Mideast Quartet to meet in latest bid to renew peace talks

Germany hopes talks will prove ‘urgent’ impulse to renew negotiations between Israel and Palestinians; Hillary Clinton, Ban Ki-Moon to be among conference attendees.

The Mideast Quartet – consisting of the United Nations, European Union, the United States and Russia – are set to meet next month in an urgent bid to renew peace talks between Israel and the Palestinians, the German government announced on Friday.

Quartet members, including UN Secretary General Ban Ki-Moon, U.S. Secretary of State Hillary Rodham Clinton, EU foreign policy chief Catherine Ashton and Russian Foreign Minister Sergey Lavrov are to discuss the situation in the Middle East, at the Munich Security Conference on February 4-6.

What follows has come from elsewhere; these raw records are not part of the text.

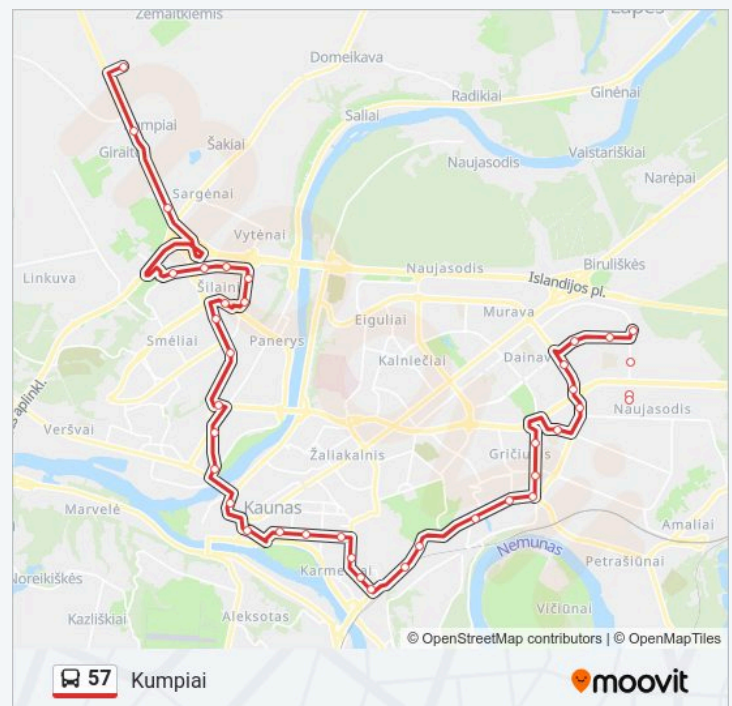

## 57 autobusas informacija

**Kryptis:** Kumpiai

**Stotelės:** 39

**Kelionės trukmė:** 68 min

**Maršruto apžvalga:**

Šilainių Poliklinika

Juozo Grušo Meno Gimnazija

Jotvingių G.
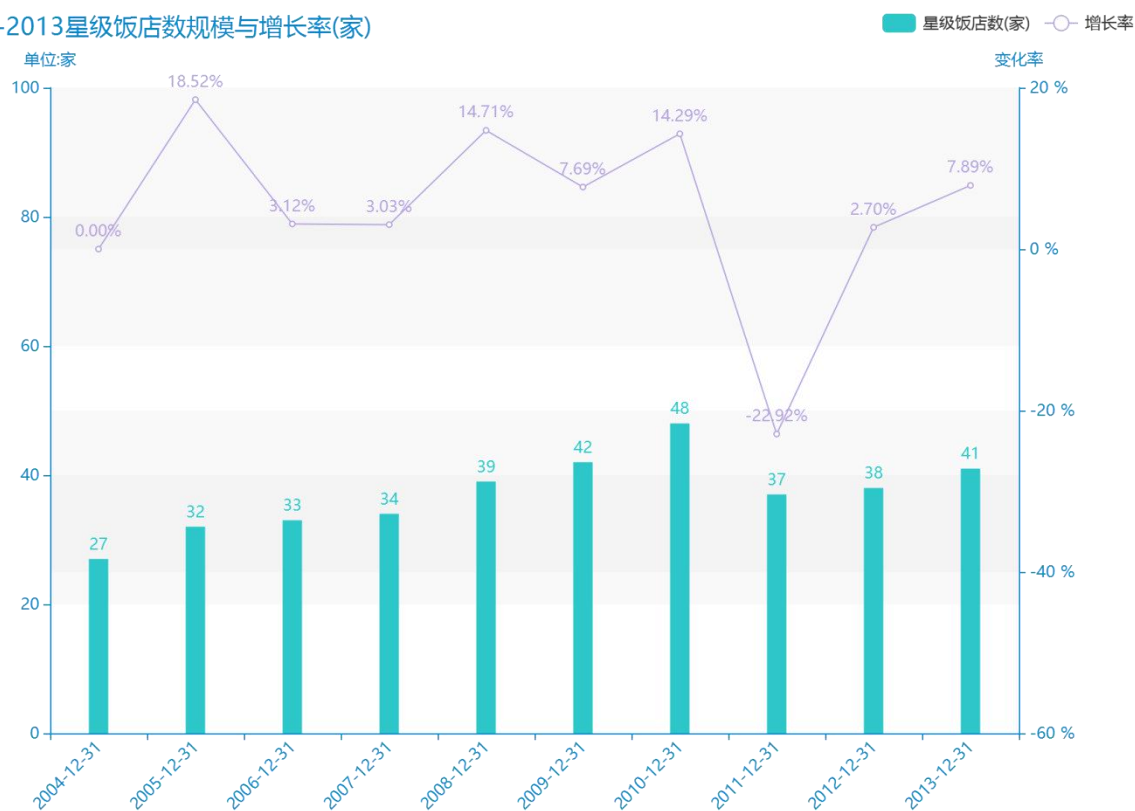

由最近获得的对承德市的星级饭店数的统计结果可知，****，承德市的星级饭店数的数据达到了****家，该指标在****同期的数据为****家。与****同期相比****了****家，同比*****，****规模较为****，增长率较上一年度*****%。平均增长率为****，其中增长率最大可以达到****。根据****中承德市的星级饭店数的统计数据，可以准确的看出，自从****以来，承德市的星级饭店数经历了一定程度的****，****相比于****，****了****家。同时，还值得注意的是，****期间，承德市的星级饭店数平均值为****家。同时，由具体数据可知，在这几年中，我国承德市的星级饭店数最大值曾达到****家，最小值曾达到****家。

相较于全国各省份同期数据，****承德市的星级饭店数处于****的位置，其规模在统计的****个省市（除港澳台）中位列第****，同期星级饭店数排名前五的是****，排名最后五位的是****。承德市的星级饭店数比全国平均水平*****家，与排名首位的****相差****家。而对于最近一期的增长率来说，增长率排名前五的城市是****，排名最后五名的是****。其中，承德市的星级饭店数的增长率排在第****的位置。

2004-2013星级饭店数规模与增长率(家)
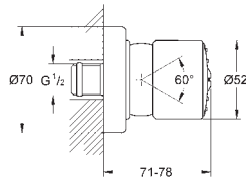

28 198 000

хром

Relexa 50

Боковой душ с одним режимом

Normal

шаровой шарнир

GROHE Long-Life Finish - стойкое долговечное покрытие

SpeedClean система против известковых отложений

для преднастраиваемого напора (расхода) воды

расход воды устанавливается

от 5 до 11 л/мин.

минимальный объем потока 4,5 л/мин.
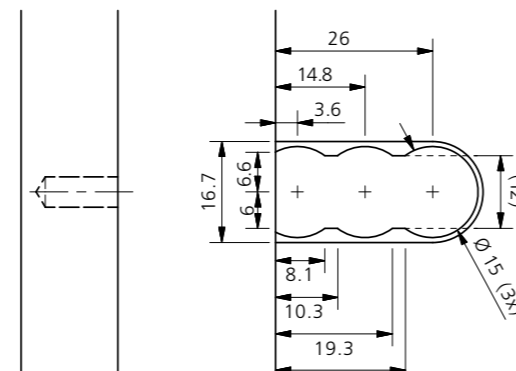

## Caractéristiques techniques / Technische gegevens:

Caractéristiques techniques	
Dimensions	33.8 × 16.5 × 10.8 mm
Fraise	Ø 12 mm ou plus petite
Foret	Ø 5 mm et Ø 15 mm
Matériau de la coque	Plastique, renforcé de fibres de verre
Tolérance de montage	Longitudinale ± 0.1 mm

Technische gegevens	
Afmetingen	33.8 × 16.5 × 10.8 mm
Frees	Ø 12 mm of kleiner
Boor	Ø 5 mm en Ø 15 mm
Materiaal plaatje	met glasvezel versterkte kunststof
Inbouwtoerantie	Zijdelings ± 0.1 mm
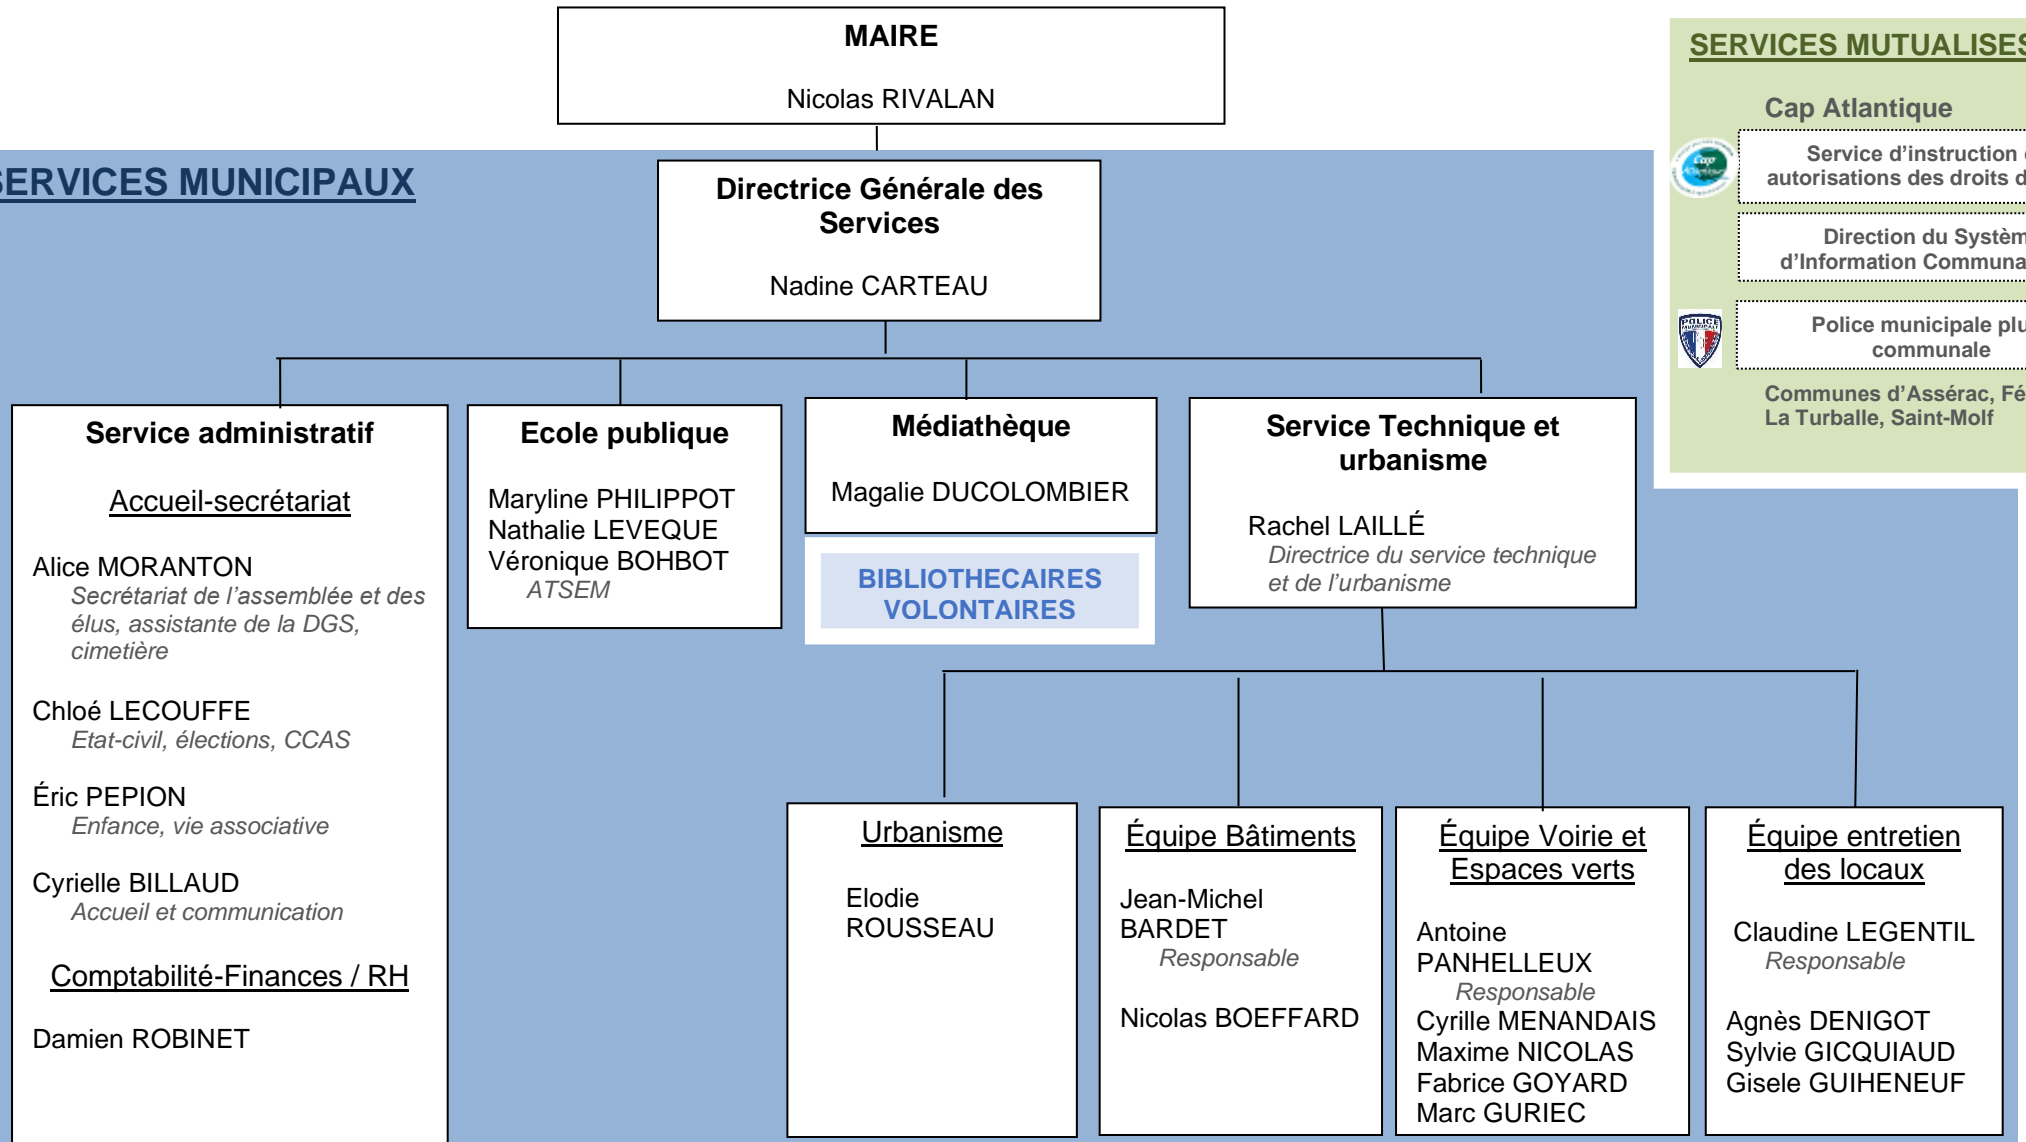

Mairie de FÉREL  
**ORGANIGRAMME au 12/09/2022**

**SERVICES MUNICIPAUX**

**SERVICES MUTUALISES**

**Cap Atlantique**

Service d'instruction des autorisations des droits des sols

Direction du Système d'Information Communautaire

Police municipale pluri-communale

Communes d'Assérac, Férel, La Turballe, Saint-Molf
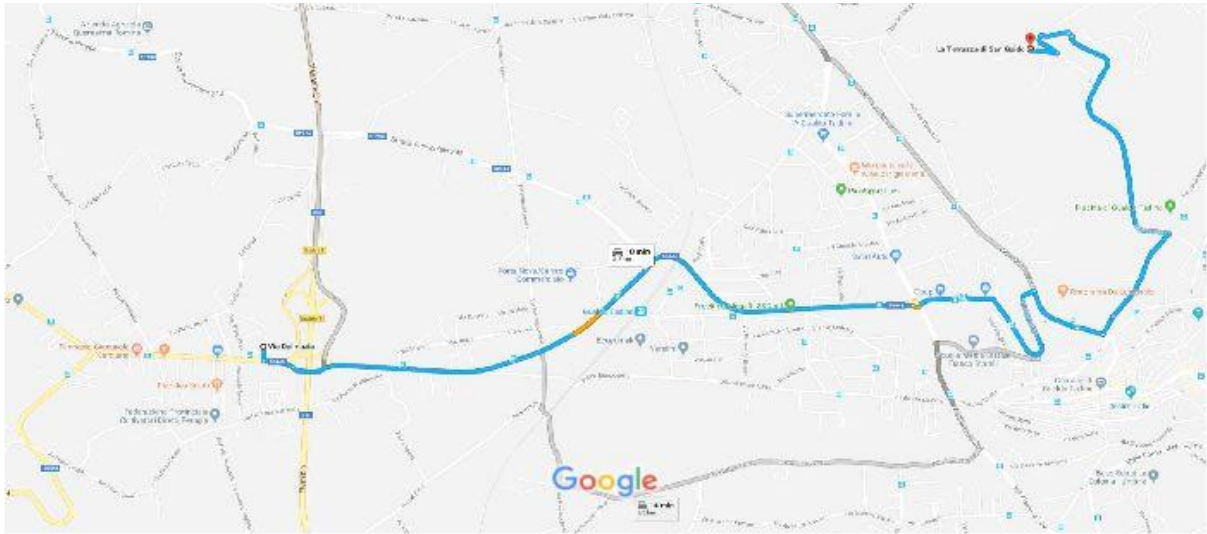

Per chi proviene da direzione Firenze-Perugia

Prende la autostrada A1 in direzione Perugia-Bettolle uscire all'uscita Valdichiana poi prendere il raccordo 6 Bettolle Perugia in direzione Ancona poi arrivati a Perugia seguire le indicazioni per Ancona su SS318 uscire all'uscita Gualdo Tadino – Casacastalda poi procedere su SP245 fino a Cerqueto poi

Alla rotondria prendere la seconda uscita poi

Segui SS444 in direzione di Via XXIV Maggio a Gualdo Tadino

- | | | |
|---|---|----------------|
| | | 4 min (2,2 km) |
|  | 2. Svolta a sinistra e prendi SS444 | |
|  | 3. Alla rotonda prendi la 1 ^a uscita e prendi Via Sandro Pertini/SS444 | 93 m |
|  | 4. Alla rotonda prendi la 1 ^a uscita e prendi SS444 | 1,2 km |
|  | 5. Alla rotonda, prosegui dritto su Via XXIV Maggio | 900 m |
|  | 6. Svolta a destra e prendi Viale Don Bosco | 2 min (750 m) |
| | | 36 s (280 m) |

In cima a viale Don Bosco prendi a sinistra in Via Angelo Pennoni direzione Valsorda, alla rotondria prendi la quarta in direzione Valsorda dopo 500 metri a sinistra trovi il Ritrovo Gara
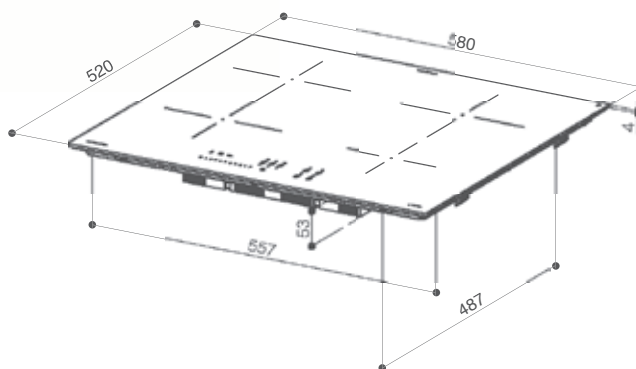

Instalace do desky

FBH 64

FBH 64 BK kód 108.0604.932

13 430 Kč

ZÁKLADNÍ ÚDAJE	FUNKCE	VARNÉ ZÓNY
Provedení Černé sklo	K-Link propojení s s digestoří ne	1 varná zóna 1 400 W 2 100 W Booster Ø 160
Šířka x hloubka 580 x 520 mm	Bridge zóny ne	
Počet varných zón 4	Booster ano	2 varná zóna 1 400 W 2 100 W Booster Ø 160
Ovládání Dotykové	Heat - up ne	
Počet výkonových stupňů 9 + booster	Časovač / minutka ano / ano	3 varná zóna 2 300 W 3 000 W Booster Ø 200
Min - max velikost varné nádoby 110 - 200 mm	Pauza / obnovení ne	
Celkový příkon 7 400 W	Detekce nádob ano	4 varná zóna 1 400 W 1 850 W Booster Ø 145
Napětí 230 V 1 N- / 230 V 2 N- / 400 V 2 N-	Dětská pojistka ano	
Kmitočet 50 / 60 Hz	Indikátor zbytkového tepla ano	
	Automatické vypnutí ano	
	Ochrana při přetečení ano	
	Ochrana proti přehřátí ano	
	Ochrana proti přepětí ano	
	Power management 2,5 / 3 / 3,5 / 4 / 5 / 6 / 7,4 kW

Germany hopes the talks will provide an “urgently required impulse” for Middle East peace negotiations, said government spokesman Steffen Seibert.

Washington succeeded in relaunching direct talks between Israel and the Palestinians in early September, only to see the negotiations grind to a halt three weeks later when Israel’s partial moratorium on building in Jewish settlements in the occupied West Bank expired.

Palestinian President Mahmoud Abbas refuses to return to talks until Israel freezes construction on the land it captured in a 1967 war.

Other conference participants will include European Council President Herman van Rompuy, Afghan President Hamid Karzai, British Premier David Cameron and NATO’s top commander in Europe, Admiral James Stavridis.

At the end of her visit to the region last week, the EU’s Ashton called on the Quartet to “meet as soon as possible to help find a solution to the current impasse,” adding that the Security Conference would be a good opportunity for the meeting.

Abbas “demanded” that the Quartet draft a new peace plan several weeks ago, saying that it must be based on UN Security Council resolutions that call for establishing a Palestinian state in the West Bank and Gaza.

Abbas said the international community needs to formulate a peace plan that is consistent with international resolutions instead of continuing in a process that is managing the conflict but not solving it.